---- DATA UNDER STUDY

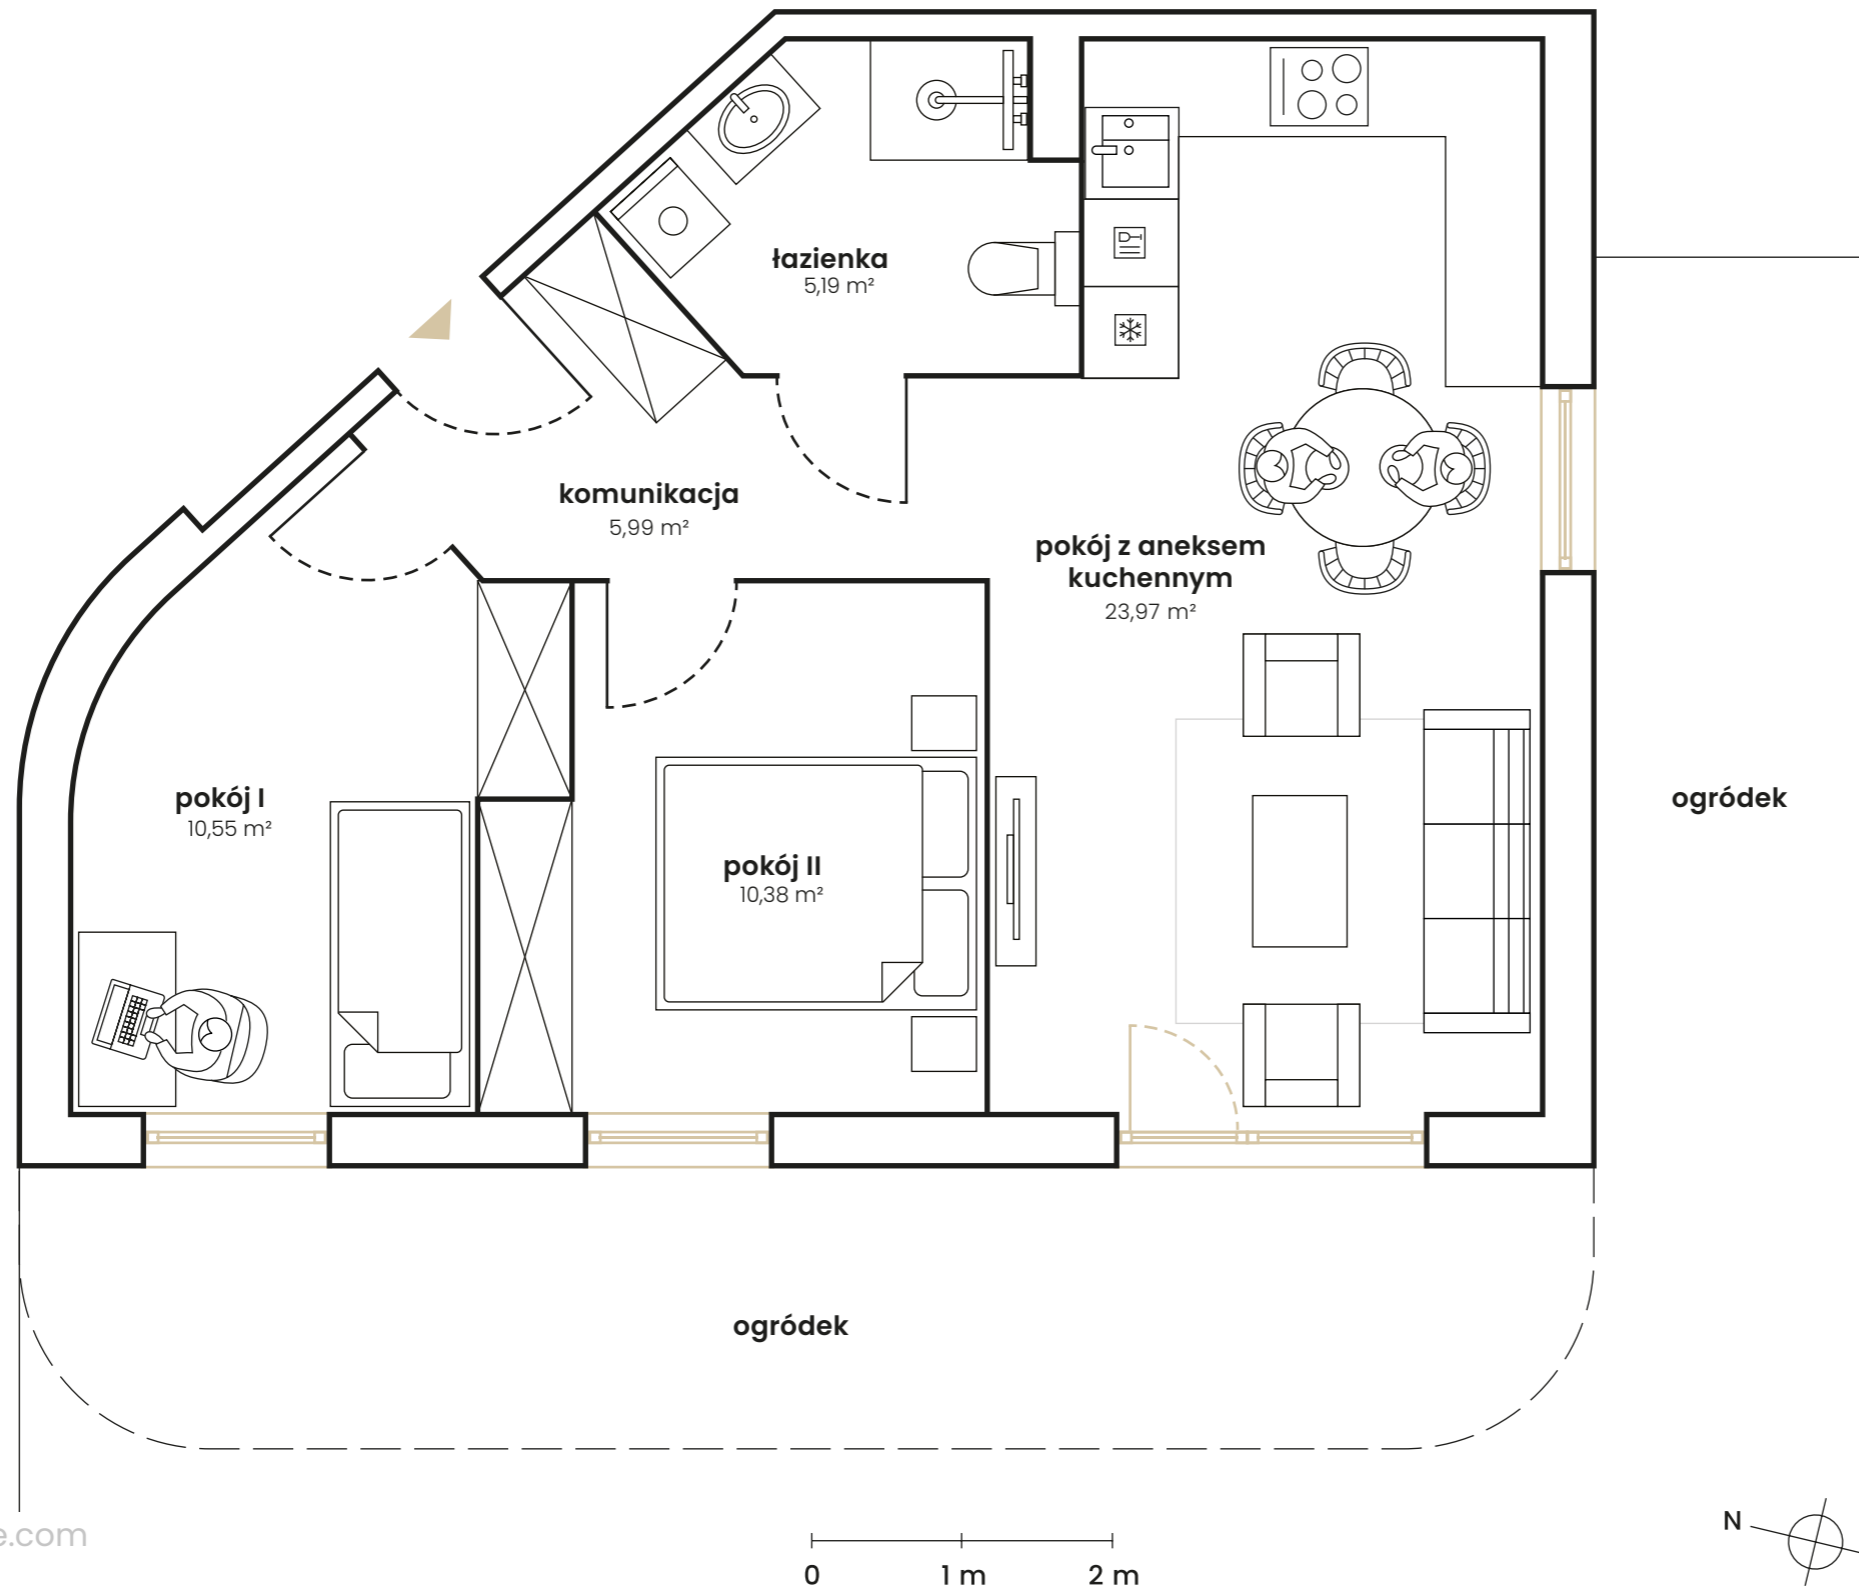

Plan kondygnacji budynku z rzutem lokalu

Apartament 4

ul. Narutowicza 22
Gdynia

PLAN LOKALU | PARTER 56,08 m²
przykładowa aranżacja

pokój z aneksem kuchennym	23,97 m ²
pokój I	10,55 m ²
pokój II	10,38 m ²
łazienka	5,19 m ²
komunikacja	5,99 m ²

RZUT PARTERU

--------

WHAT YOU ARE ASKED TO DO. Which lines of the data above contain "pokój"? Copy each one.

ANSWER FOR THIS EXERCISE.
pokój z aneksem kuchennym	23,97 m ²
pokój I	10,55 m ²
pokój II	10,38 m ²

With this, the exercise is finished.